As a member of the National Roofing Contractors Association, he established joint meetings between local roofing associations and local architects and engineers. He was also a member of the American Society for Testing and Materials.

He also served on an advisory board of the American Lung Association, lending his expertise on asbestos issues.

He is survived by his wife of 18 years, the former Linda Zwolinski; a daughter, Jennifer Gieseking of Perry Hall; and his sister, Theodora Stephen of Perry Hall.

The family asks that memorial contributions be made to the American Lung Association.

Paul Shachoy, who had served as an art director at advertising agencies in Baltimore and Annapolis, where he also started his own agency, died Oct. 7 of cancer at his home in Washington.

Mr. Shachoy, who was 51, retired as head of AdResources Inc. in Annapolis in the late 1980s.

He began working in the advertising business in Baltimore in the mid-1960s and remained in Baltimore about 10 years, working first for W. B. Doner & Co. and then for Van Sant, Dugdale & Co.

He moved to Annapolis and worked with Bridgman Associates before starting his own firm in 1981.

His firm won awards for packaging it designed for Black & Decker power tools, and his work won awards from the New York, Baltimore, Hollywood and Washington art directors clubs, the International Packaging Exposition and the Clio Awards.

A native of the Boston area, he attended Tufts College and

graduated from the Rhode Island School of Design in 1962. He did graduate work at the Massachusetts Institute of Technology, the Johns Hopkins University and New York University.

He is survived by three daughters, Amelia Shachoy of New York City, Cator Shachoy of Boston and Anne Shachoy of Baltimore; his parents, Clifford and Mary Shachoy of Taunton, Mass.; a brother, Norman Shachoy of Boston; two sisters, Elaine Valovic of Needham, Mass., and Diane Cunningham of Berkley, Mass.; and several nieces and nephews.

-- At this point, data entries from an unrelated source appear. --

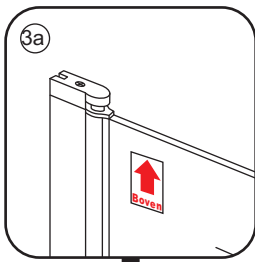

INSTALLATIE VOORSCHRIFT

ECO NISDEUR met profiel

800x1950mm
(780-795) x1950mm

Zonder NANO

NANO

beide zijden NANO behandeld

beide zijden NANO behandeld

NANO garantie: 2 jaar bij normaal gebruik
LET OP: gebruik geen grove scherpe voorwerpen, zoals schuursponsjes of staalwol om het glas schoon te maken.

1

3

5

Voorzie alleen de
buitenzijde van de
cabine van siliconenkit.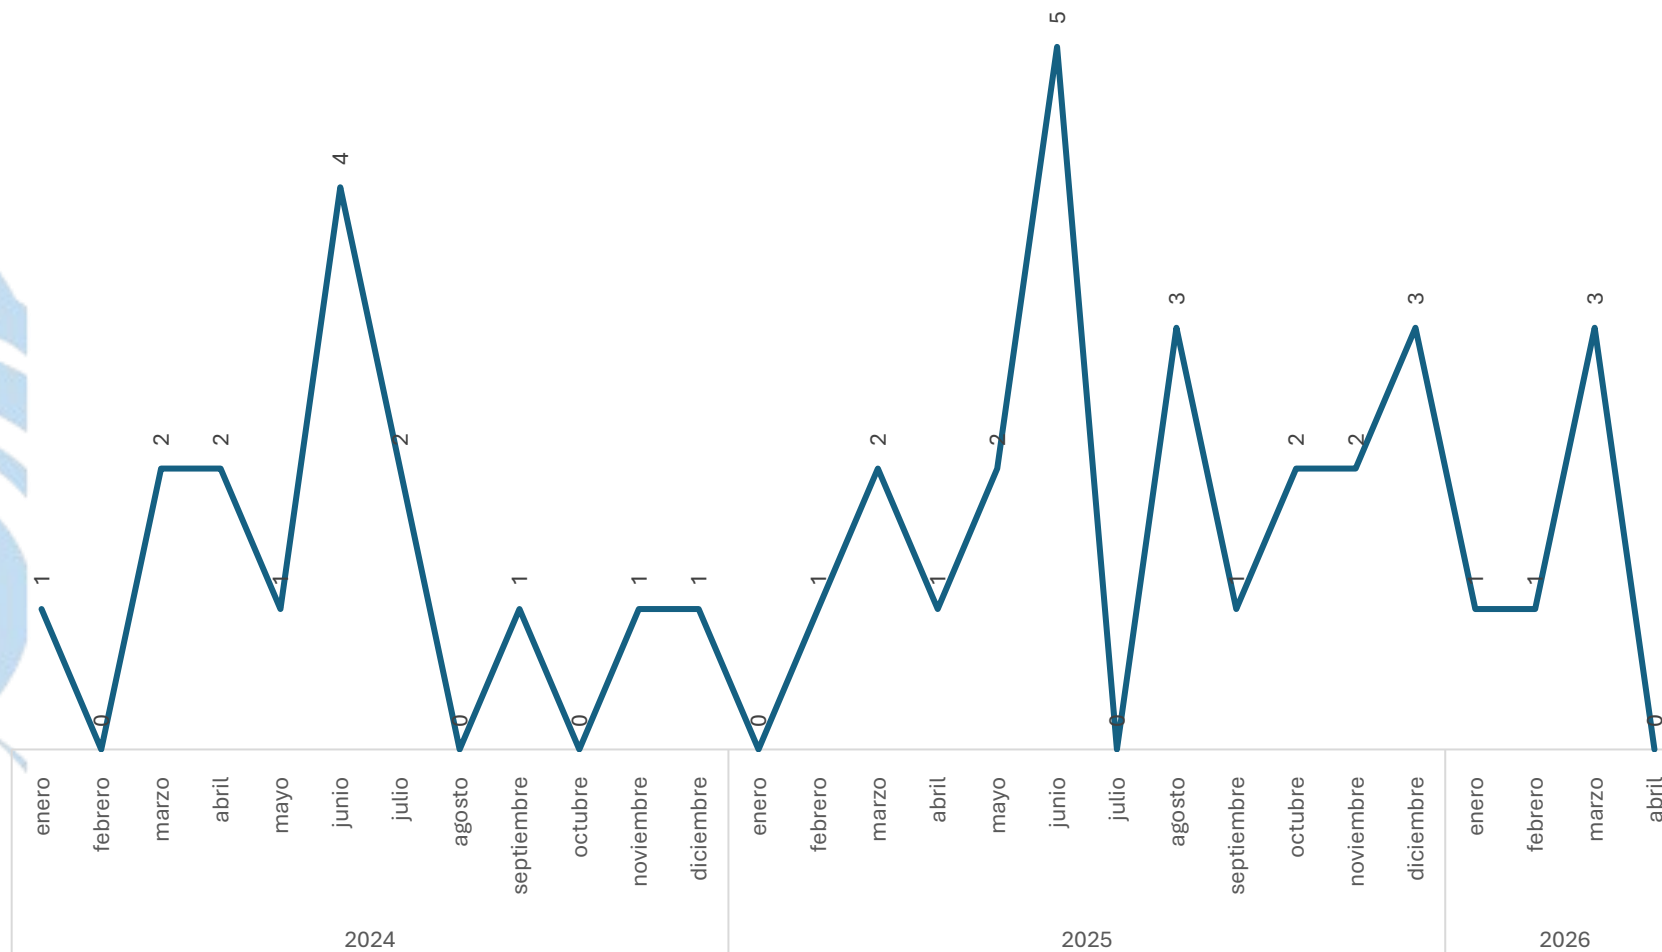

Homicidio Culposo en Accidente de Tránsito

Comparativo Acumulado

SECRETARIADO EJECUTIVO

SECRETARIADO EJECUTIVO DEL SISTEMA ESTATAL DE SEGURIDAD PÚBLICA

Enero - Abril

2025 vs 2026

Incremento

25.00%

Respecto al mes anterior

Marzo vs Abril

Disminución

-100.00%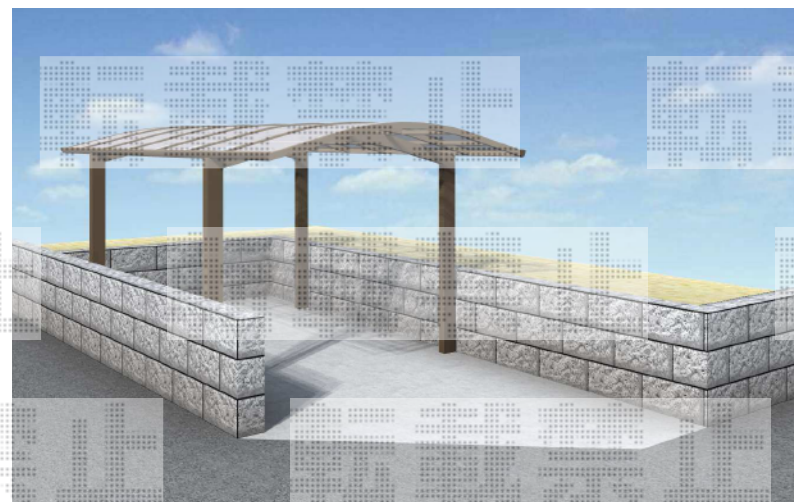

レイナワンポートグランZ 積雪～20cm対応

YKK AP レイナワンポートグランZ 積雪～20cm対応
 幅=3,034mm
 奥行=5,052mm
 色：ブラウン
 屋根材：熱線遮断ポリカーボネート(トーマイマット)
 柱仕様：標準柱仕様 (有効高 約2,000mm)

両開き伸縮門扉解体・撤去処分

既存カーポート解体・撤去処分 (W30×D50×H18・4本柱)
 ※既存柱部分(ブロックを掻きこんである)：モルタル補修 (W120×D60×H800mm)
 YKK/レイナワンポートグランZ・基本・51-30 (ブラウン) 熱遮ポリカ (トーマイマット) ・標準柱
 ※幅方向切り詰め加工 (既存ブロックから20mm離す)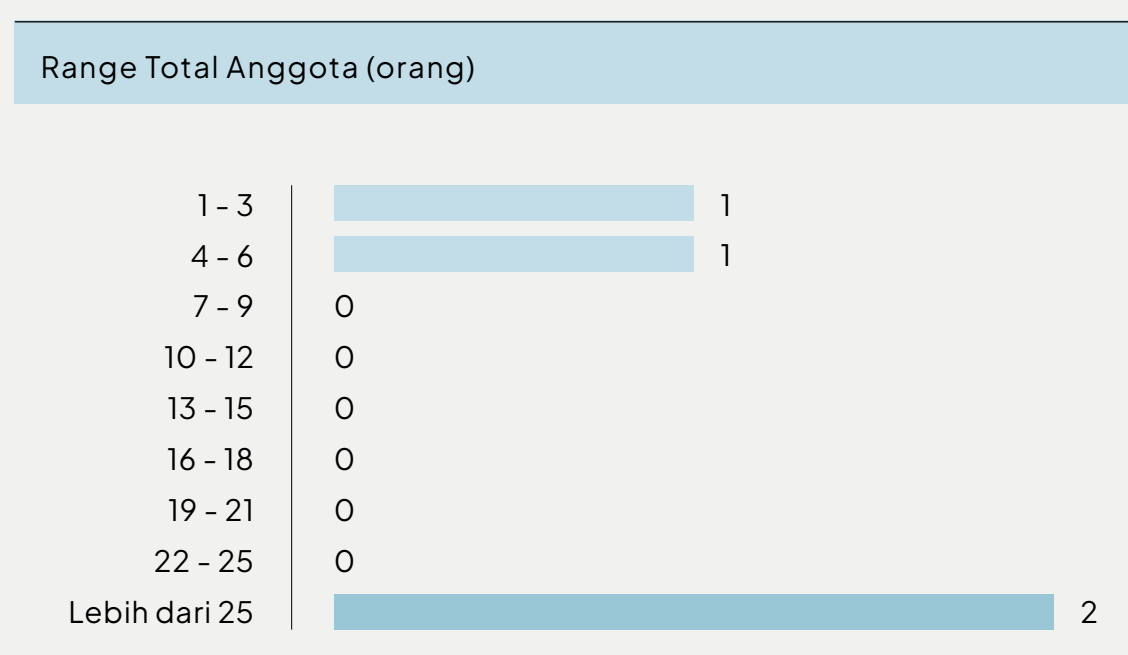

DATA UNTUK KOTA BALIKPAPAN

01

Komunitas Terdata di Balikpapan dan Kontak Media Sosial

Nama Komunitas	Jenis Komunitas	Media Sosial (Instagram)
BpnProjex	Produksi	@bpn.projex
Nocturne Films	Produksi	@nocturne.films
SFENT (Smada Film Entertainment)	Produksi	@sfent
Sineas Muda Balikpapan	Produksi, Ekshibisi / Festival	@sineasbpn

02

Profil Komunitas di Balikpapan

Jumlah komunitas di Balikpapan: 4 Komunitas

03

Daya Ekonomi Komunitas di Balikpapan

Jumlah Karya Audiovisual terdata: 8

Jumlah Ekshibisi terdata: 1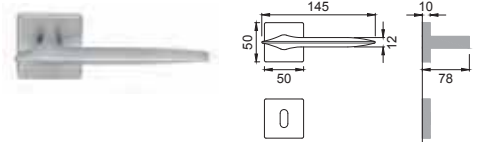

Maniglia su rosetta con bocchetta (rosetta in poliammide con molla premontata)
Door lever handle with rosette and escutcheon (whit sprung inner rose in polyamide)

CRO

HY 5/QEM

Maniglia su rosetta con bocchetta
Door lever handle with rosette and escutcheon

A memorial service was held Oct. 14 at the Friends Meeting of Washington, D.C.

A Mass of Christian burial for Benjamin J. Jenkins, retired manager of the Waldorf office of the People's Life Insurance Co., will be offered at 11 a.m. today at St. Ignatius Roman Catholic Church in Chapel Point.

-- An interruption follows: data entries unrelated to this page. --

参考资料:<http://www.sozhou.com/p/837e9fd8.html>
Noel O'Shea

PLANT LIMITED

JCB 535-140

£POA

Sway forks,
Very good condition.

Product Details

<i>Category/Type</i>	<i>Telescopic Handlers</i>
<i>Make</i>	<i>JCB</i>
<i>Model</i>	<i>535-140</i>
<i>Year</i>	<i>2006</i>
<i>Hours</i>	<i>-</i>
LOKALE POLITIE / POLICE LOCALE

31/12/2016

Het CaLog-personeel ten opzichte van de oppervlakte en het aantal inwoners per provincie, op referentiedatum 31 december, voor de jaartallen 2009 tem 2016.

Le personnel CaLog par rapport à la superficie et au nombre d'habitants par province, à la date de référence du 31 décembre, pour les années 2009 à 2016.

Mr. Jenkins, who was 82, died Monday at his home in Port Tobacco after a stroke.

He began working for People's Life Insurance as an agent in 1936. He was named assistant manager of the Waldorf district in 1946 and manager in 1951. He retired in 1974.

The charter member and former president of the Southern Maryland Life Underwriters Association was also a former member of the board of the Tri-County Savings and Loan Association.

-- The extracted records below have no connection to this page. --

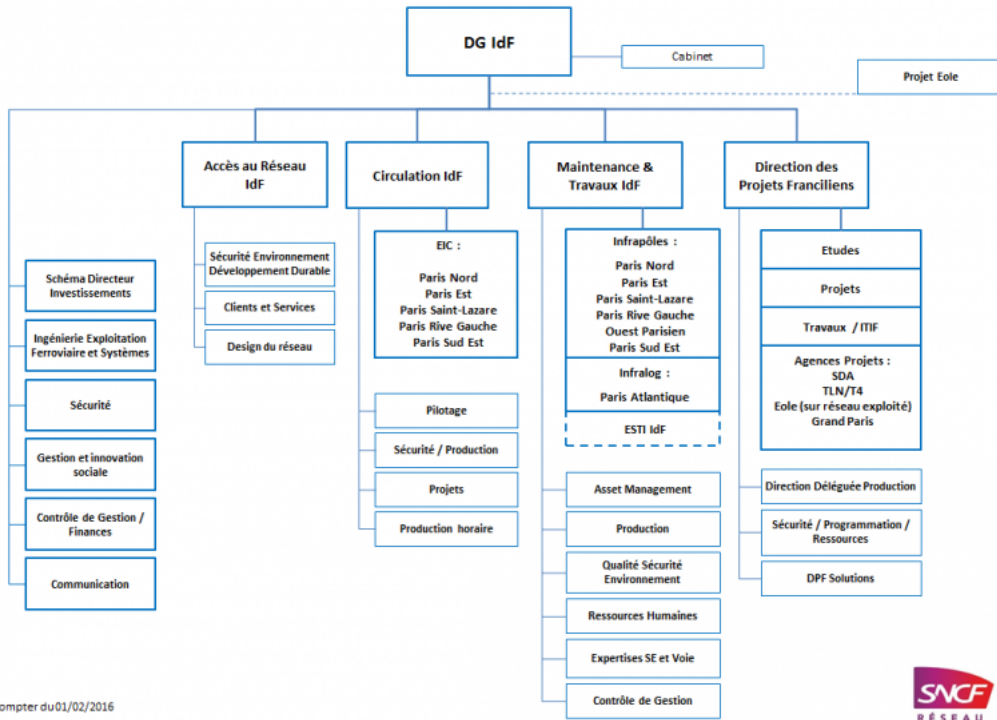

---

[Imprimer](#)

## **SNCF RESEAU : ORGANISATION ET PERIMETRE POUR L'ILE-DE-FRANCE**

**R É S E A U** Pour vous permettre de mieux comprendre son organisation et son périmètre d'intervention, SNCF vous donne accès à l'organigramme de la Direction Générale Ile-de-France, la cartographie de son périmètre et la présentation de la direction des achats IDF.

### **L'organisation SNCF Réseau Ile-de-France**

## Le périmètre SNCF Réseau Ile-de-France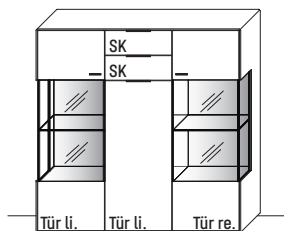

B 136,9 × H 138,3 × T 37,1 cm
8 Böden / 11 Fächer

	Erle	€
	Wildeiche	€
TYPE 4340		
Vollauszug für 2 Zargen	Art.-Nr. Z090	€
Sockel, carbonfarbig, H + 4,0 cm	Art.-Nr. 434S	€
Lamellen-Rückwand-Akzent	Art.-Nr. 434LH	€
Lamellen-Rückwand-Akzent mit Mattglas	Art.-Nr. 434LG	€
LED-Rückwand-Beleuchtung 8,0 W	Art.-Nr. 434B	€
Trafo inkl. Schalter mit Stecker (max. 15 W) *	Art.-Nr. 8015	€
Funkdimmer anstatt Schalter *	Art.-Nr. 8212	€
Holz Einlegeboden B 43,0 cm	Art.-Nr. 8438	€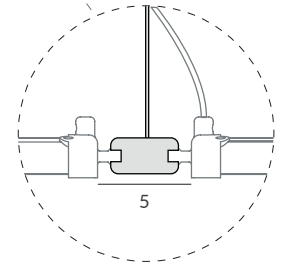

ref. 32010/U
Unión de cierre para composiciones cerradas
Closing union for closed compositions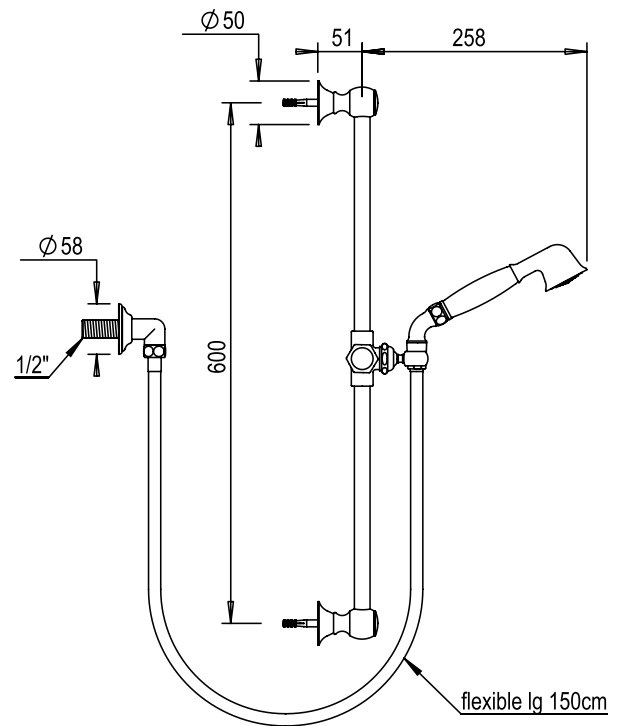

Réf. **04.532**

**Sortie douche rail, flexible et douchette**

**CARACTÉRISTIQUES**

Sortie douche rail, flexible et douchette

Wall shower set with rail, flexible hose and handspray

**FINITIONS USUELLES**

- CH** Chrome  
Chrome
- NB** Nickel Brillant  
Polished Nickel
- NM** Nickel Mat  
Brushed Nickel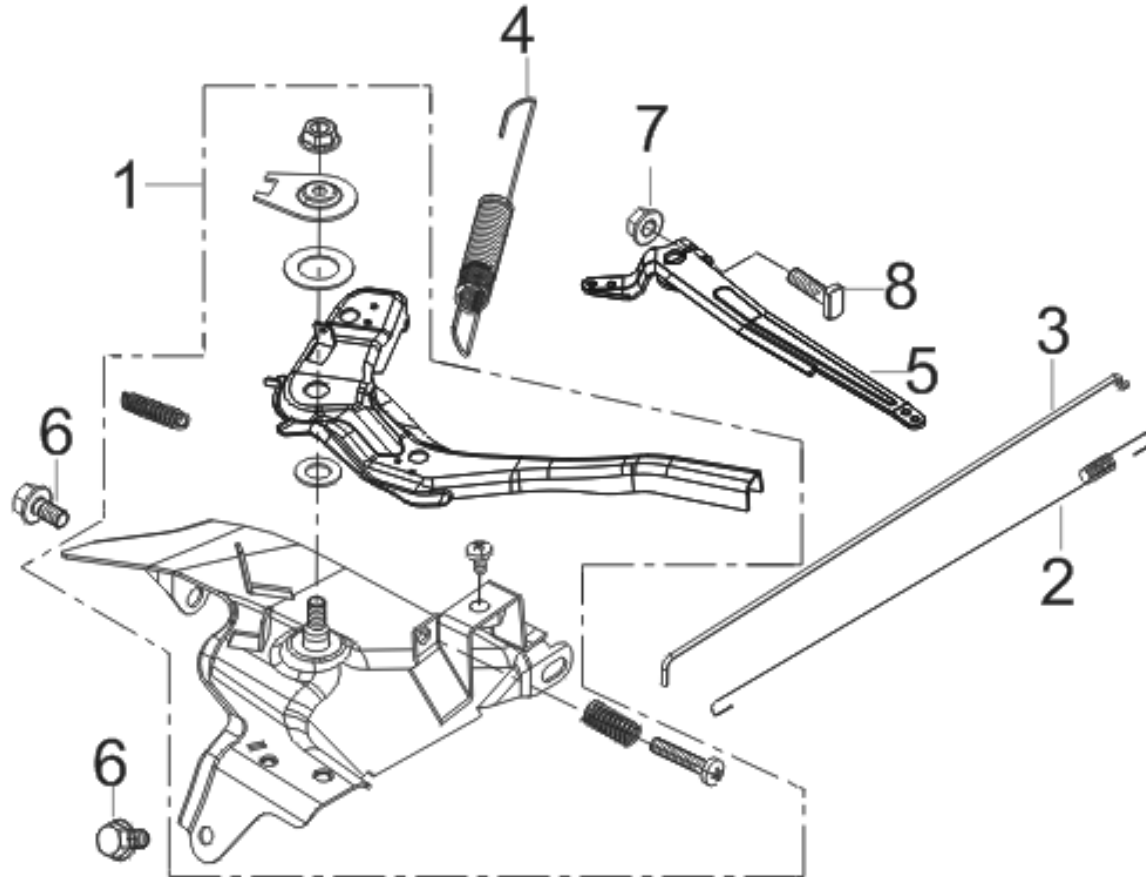

**E06**

POS.	CODE	DESCRIPTION	QTY
E06-1	A10735	CAMSHAFT ASSEMBLY	1
E06-4	A08316	VALVES SET	1
E06-5	A08317	VALVE SPRING	2
E06-6	A08318	EXHAUST VALVE RETAINER	1
E06-7	A08319	VALVE ROTATOR	1
E06-8	A08320	SEAL GUIDE	1
E06-9	A08321	VALVE SPRING RETAINER	1
E06-10	A08444	VALVE TAPPET	2
E06-11	A08430	VALVE LIFTER	2
E06-12	A08972	LIFTER STOPPER PLATE	1
E06-13	A08459	ROCKSHAFT BOLT	2
E06-14	A08463	ROCKER VALVE	2
E06-15	A08461	VALVE ADJUSTING NUT	2
E06-16	A08462	VALVE LOCK NUT	2
E06-17	A08322	VALVE SPRING SEAT	1

**E07**

POS.	CODE	DESCRIPTION	QTY
E07-1	A08613	BOLT	3
E07-2	A13076	RECOIL STARTER ASSEMBLY	1

**E08**

POS.	CODE	DESCRIPTION	QTY
E08-1	A13016	SHROUD	1
E08-2	A08559	CYLINDER BODY SHROUD	1
E08-3	A08968	BOLT	1
E08-4	A08968	BOLT	5
E08-5	A11245	STOP ENGINE SWITCH	1
E08-6	A10535	WIRE CLIP	1

**E09**

POS.	CODE	DESCRIPTION	QTY
E09-1	A10741	CARBURETOR ASSEMBLY	1
E09-2	A10537	AIR CLEANER SEAL GASKET	1
E09-3	A08472	CARBURETOR SEAL GASKET	1
E09-4	A08480	CARBURETOR INSULATOR PLATE	1
E09-5	A08562	INLET GASKET	1

**E10**

POS.	CODE	DESCRIPTION	QTY
E10-1	A08431	FLYWHEEL NUT	1
E10-2	A08564	STARTER PULLEY	1
E10-3	A08565	IMPELLER	1
E10-4	A10846	FLYWHEEL	1
E10-6	A08937	BOLT	2
E10-8	A12656	IGNITION COIL	1

**E11**

POS.	CODE	DESCRIPTION	QTY
E11-1	A13046	THROTTLE CONTROL ASSEMBLY	1
E11-2	A08568	THROTTLE VALVE RETURNING SPRING	1
E11-3	A08569	GOVERNOR ROD	1
E11-4	A12654	GOVERNOR SPRING	1
E11-5	A08571	GOVERNOR BRACKET	1
E11-6	A08968	BOLT	2
E11-7	A08506	NUT	1
E11-8	A08505	GOVERNOR SUPPORT BOLT	1

A native of Mason Springs who was educated in Charles County schools, he was a player and manager on semiprofessional baseball teams in Washington in the 1930s, including the championship Washington Red Sox and the Heurich Brewers.

In the 1950s and 1960s, he managed the Waldorf, Bryans Road and California Angels teams in the Charles-St. Mary's Baseball League.

He is survived by his wife, the former Ruth Elizabeth DeButts; three sons, B. Larry Jenkins and J. Benedict Jenkins, both of Baltimore, and Thomas R. Jenkins of Popes Creek; four daughters, Joanne J. Williams of Annapolis, Jerilyn J. Bensard of Denver, Janis J. Dunn of Raleigh, N.C., and Joyce Sonntag of Alexandria, Va.; a sister, Josephine Shepherd of Indian Head; a brother, Thomas M. Jenkins of Rockville; 19 grandchildren; and four great-grandchildren.

Services for Richard W. Keene Jr., an automobile mechanic who won awards as a student of the trade, will be held at 7 p.m. today at the Holloway Funeral Home in Salisbury and at noon tomorrow at the McCully Funeral Home, 130 E. Fort Ave., Baltimore.